You might be surprised to learn that the recipe contains only five ingredients, but when everything is combined and the whipping begins, sweet magic happens. The best part about homemade marshmallows? You can make them any flavor and shape! You can make classic marshmallows or add extract flavors such as vanilla, coffee or peppermint. Then, once the marshmallows have solidified, you can use cookie cutters to form them into any shape you desire.

These marshmallows are inspired by the 1984 film “Ghostbusters.” When the large Marshmallow Man threatens the city near the end of the movie, the Ghostbusters are shocked because they never thought a marshmallow would destroy them. They even talk about how they used to roast marshmallows at camp. I couldn’t resist making a smaller version of that frightful Marshmallow Man.
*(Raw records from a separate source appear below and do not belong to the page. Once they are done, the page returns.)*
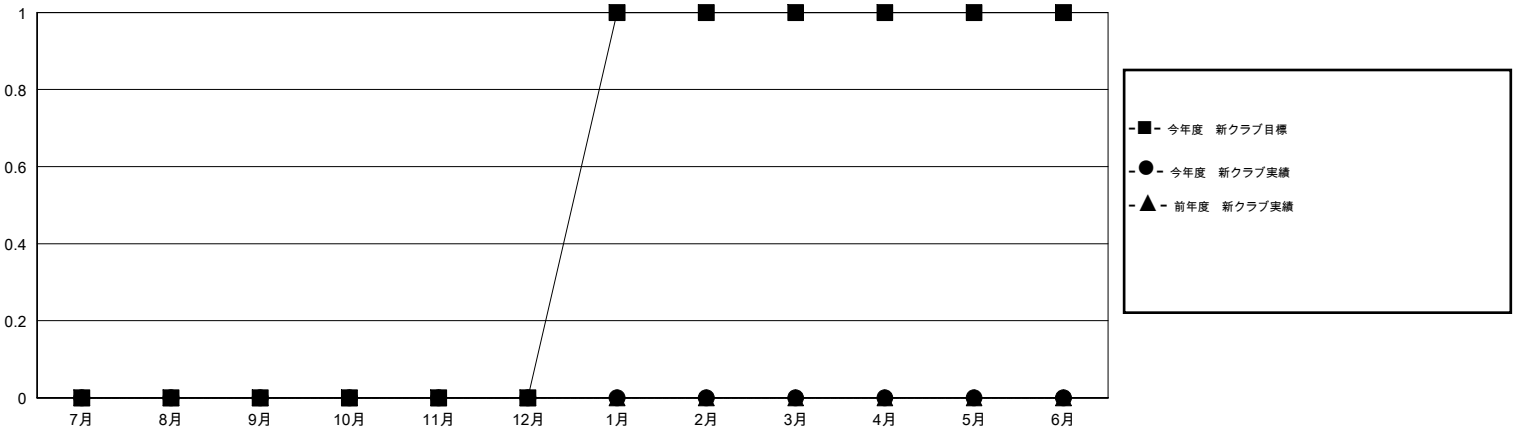

MONTHLY MEMBERSHIP PROGRESS REPORT

District 335 A

Results as of: 2/28/2017

GMT: Masayoshi Maruyama

地域 JAPAN

GMT会則地域

クラブ				名			
結果: 2016-2017				結果: 2016-2017			
四半期	新クラブ目標	新クラブ	解散クラブ	四半期	新会員 (再入会と転入を含めない) 純増目標	新会員 (再入会と転入を含めない) 実際	退会者 (転籍を含む) 実際
7月/8月/9月	0	0	0	7月/8月/9月	70	61	45
10月/11月/12月	0	0	0	10月/11月/12月	40	31	45
1月/2月/3月	1	0	0	1月/2月/3月	95	34	21
4月/5月/6月	0	0	0	4月/5月/6月	0	0	0

新クラブ目標及び実績累計

会員目標及び実績累計

解散クラブ: 0	47 CLUBS OF 81 一名以上の新会員を登録	男女別
退会者		男性 1,699 (78.48%)
物故会員 11		女性 466 (21.52%)
クラブ解散 0	会員累計データを見るには、ここをクリック	世帯主/家族会員合計 430
その他 100		国際会費半額の家族会員 229
合計 111

These Ghost Marshmallows are a perfect addition to any Halloween party. Eat them solo or add them to a hot cup of cocoa for a sweet and spooky twist.

ghost marshmallows

Ghost Marshmallows

Ingredients

85 grams cold water (1)
18 grams gelatin powder
265 grams granulated sugar
100 grams corn syrup (1)
100 grams water (2)
90 grams corn syrup (2)
Dextrose, as needed for dusting

Preparation

  • Place the first measurement of water in the bowl of a stand mixer. Sprinkle the gelatin over the water and allow it to bloom and soften for 5-6 minutes.
  • In a saucepan, combine the sugar, corn syrup (1) and water (2), and heat to 230°F.
  • Meanwhile, add the corn syrup (2) to the bloomed gelatin.
  • Pour the cooked sugar mixture into the stand mixer bowl and whisk at a medium speed until the mixture has become thick and lightened. The mixture will look like marshmallow cream after 10-15 minutes of whipping.
  • While the mixture is whipping, prepare a sheet tray for the marshmallow mixture: spray a quarter sheet pan with nonstick cooking spray and dust with dextrose.
  • Once the marshmallow mixture is thick and lightened, transfer it to the prepared pan. Wet your hands with water and smooth the surface, patting the mixture down until it evenly covers the sheet pan.
  • Leave the sheet tray and mixture uncovered and let it set for one hour at room temperature.
  • After an hour (or you can leave it overnight), remove the marshmallow slab from the pan and flip it onto a dextrose-covered cutting board.
  • Cut the marshmallow slab into squares, or use a cookie cutter (generously coated with nonstick cooking spray to prevent sticking) to cut the marshmallow slab into your desired shape. (I used a ghost-shaped cookie cutter for this recipe.) Toss the shaped marshmallow in additional dextrose.
  • To make eyes and a mouth for the ghosts, use a toothpick to add small drops of chocolate syrup to create the face.